KittyCakes · 16/04/2023 19:15

At it's worst, dh said it was once a day maybe twice sometimes. This was several years ago. Since then I think he has made progress but then he also lies until it blows up like it has this weekend and he confesses. If he is telling me the truth and things have improved, he says he looks at porn once a week or every other week. Sometimes he's gone for a few weeks.

This is not an addiction. Believe me, it could be so much worse.

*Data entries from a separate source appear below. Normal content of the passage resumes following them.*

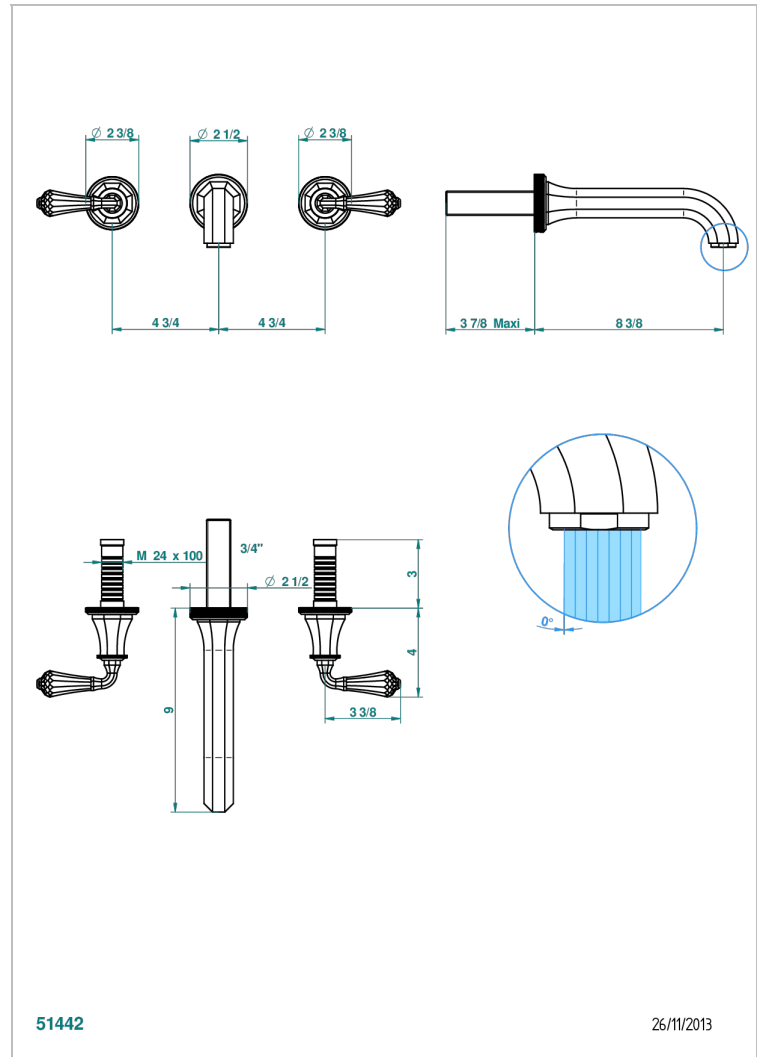

# ART DECO CRYSTAL

A56-40SGBUS

Trim for wall mounted 3-hole lavatory set only

THG<sup>®</sup>  
PARIS

## CHARACTERISTIC

- Art Déco Crystal
- Trim for wall mounted 3-hole lavatory set only

## RELATED SKU'S

- Ref. G00-40AM/US Rough parts for wall set (one counter clockwise and one clockwise cartridges)
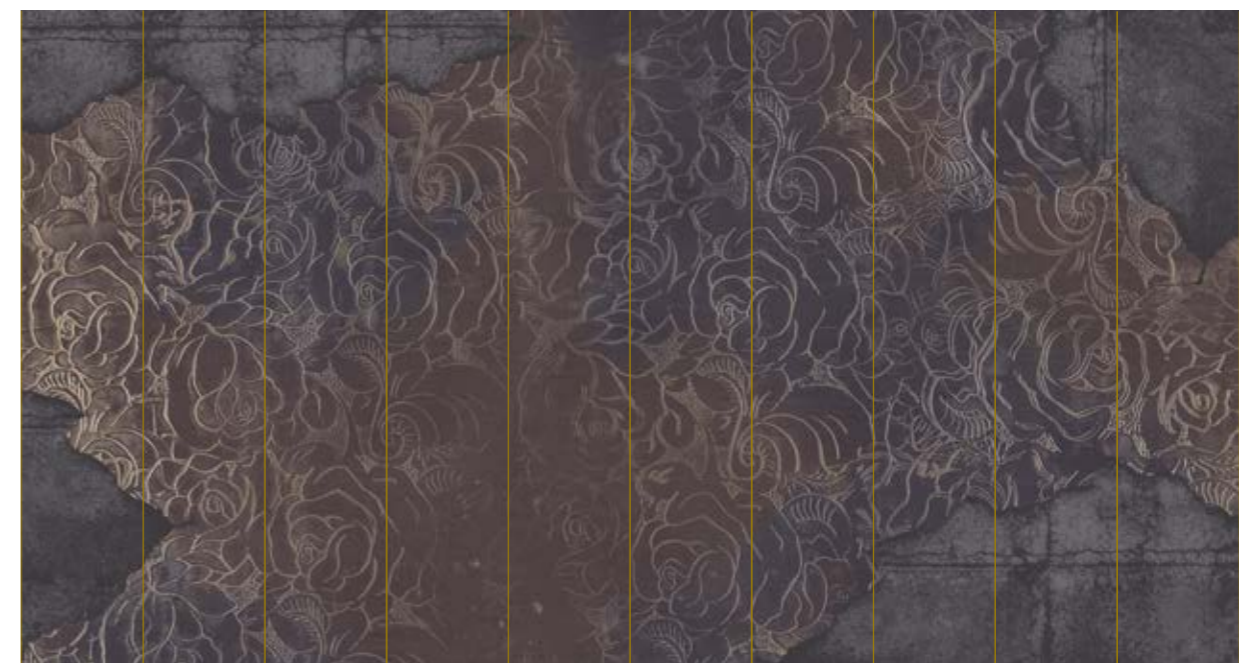

Broken elegance:

Reference nr: MU11100

270 cm height

50 CM PANEL 1	100 CM PANEL 2	150 CM PANEL 3	200 CM PANEL 4	250 CM PANEL 5	300 CM PANEL 6	350 CM PANEL 7	400 CM PANEL 8	450 CM PANEL 9	500 CM PANEL 10
100 CM PANEL 1		200 CM PANEL 2		300 CM PANEL 3		400 CM PANEL 4		500 CM PANEL 5	

Request a sample

Request a wallpaper sample for a more accurate representation of colors, textures and image quality. It is also advisable if you want to see the wallpaper on a metallic material, as textures can seem different on these materials.
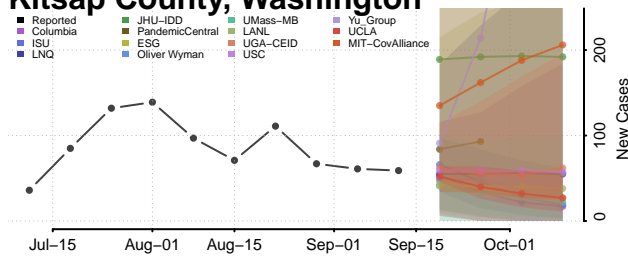

Kitsap County, Washington
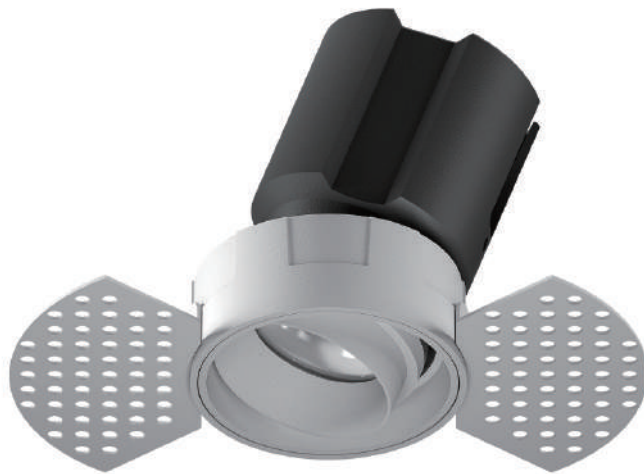

F  
L  
U  
X  
  
S  
R  
L

ZENIUS SNOOTER  
MEDIUM ADJ 20W  
ROUND TRIMLESS

Sede Legale:

Via Brigata Macerata, 70 - 62100  
MACERATA - ITALIA  
P.I. IT 01997820434 -  
REA: MC-253306  
T. +39.071.0960074  
info@fluxitalia.com  
www.fluxitalia.com

**PRODUCT SERIES****SNOOTER****LIGHT SOURCE**

LED TYPE	COB
POWER MAX	20W
LUMINOUS FLUX	2120LM
LUMINOUS EFFICIENCY(LM/W)	121LM/W
ENERGY EFFICIENCY INDEX	A+
COLOUR RENDERING INDEX(RA)	CRI>90
LED COLOUR TEMPERATURE(K)	3000K-3200K 3500K-4000K
STEP McADAM	SDCM 2
AVERAGE OPERATIONAL LIFE	30.000 HRS

**OPTIC**

REFLECTOR(LENS)	PLASTIC
BEAM ANGLE	15°-24°-38°
LIGHT DISTRIBUTION SYMMETRY	SYMMETRIC
ACCESSORIES	FRESNEL LENS FROSTED LENS HONEYCOMB

**LED FIXTURE**

HOUSING	ALUMINIUM
FINISH/ COLOUR	MATTE WHITE/MATTE BLACK CUSTOMIZED RAL COLOUR (on request)
IP PROTECTION GRADE	IP20
INSULATION CLASS	CLASS III

**ELECTRICAL FEATURES**

DRIVER	REMOTE
FIXED OR DIMMABLE	PUSH/1-10V/DALI
FOR EMERGENCY LIGHTING	SUITABLE
CONNECTION	500MA

**MECHANICAL FEATURES**

DIMENSIONS (MM)	DIA 72.4XH100MM
CUTTING HOLE(MM)	DIA 77MM
TYPE OF INSTALLATION	RECESSED
APPROVAL	UL/CB/CE/ROSH

the issue here is that you inherently disagree with porn use. Framing it as addiction isn’t quite right or fair to your husband. So, again, if you can’t put up with him (or any man) viewing porn then you need to leave because it’s clearly something he intends to view regardless. Leave, or accept that he watches it.

Peapodburgundybouquet · 16/04/2023 19:23

What sort of porn is he watching? Is it affecting his behaviour? Overly sexed/aggressive/violent/abusive?

He knows you have no intention of leaving him, so he knows you have to accept it, and so he’s not going to bother stopping.

Wisheverydaywasasaturday · 16/04/2023 19:29

KittyCakes · 16/04/2023 19:15

At it's worst, dh said it was once a day maybe twice sometimes. This was several years ago. Since then I think he has made progress but then he also lies until it blows up like it has this weekend and he confesses. If he is telling me the truth and things have improved, he says he looks at porn once a week or every other week. Sometimes he's gone for a few weeks.

Twice every day I'd say is an addiction but only a couple of times a week I think isn't too bad. If you aren't willing to accept it you will always resent him and it will get you down. If it doesn't affect your every day life and you have a healthy sex life then I think there's no addiction.
All men do it, they used to use magazines and videos but nowadays it's so much easier as everything is available on line. But my point is men are visual and use it as an aid.

ArcticSkewer · 16/04/2023 19:31

KittyCakes · 16/04/2023 19:15

At it's worst, dh said it was once a day maybe twice sometimes. This was several years ago. Since then I think he has made progress but then he also lies until it blows up like it has this weekend and he confesses. If he is telling me the truth and things have improved, he says he looks at porn once a week or every other week. Sometimes he's gone for a few weeks.

You two have a weird dynamic going on.

Perhaps he actually enjoys the whole 'shame' thing of telling you, then you get all strict and disappointed in him, for his 'lying' etc.

That might be his real kink. Enjoy.

ClumsyCat · 16/04/2023 19:46

All men don’t do it.

Wisheverydaywasasaturday · 16/04/2023 19:52

ClumsyCat · 16/04/2023 19:46

All men don’t do it.

Ok keep telling yourself that.

ClumsyCat · 16/04/2023 19:56

Wisheverydaywasasaturday · 16/04/2023 19:52

Ok keep telling yourself that.

You keep telling yourself they do. It’ll make you feel better.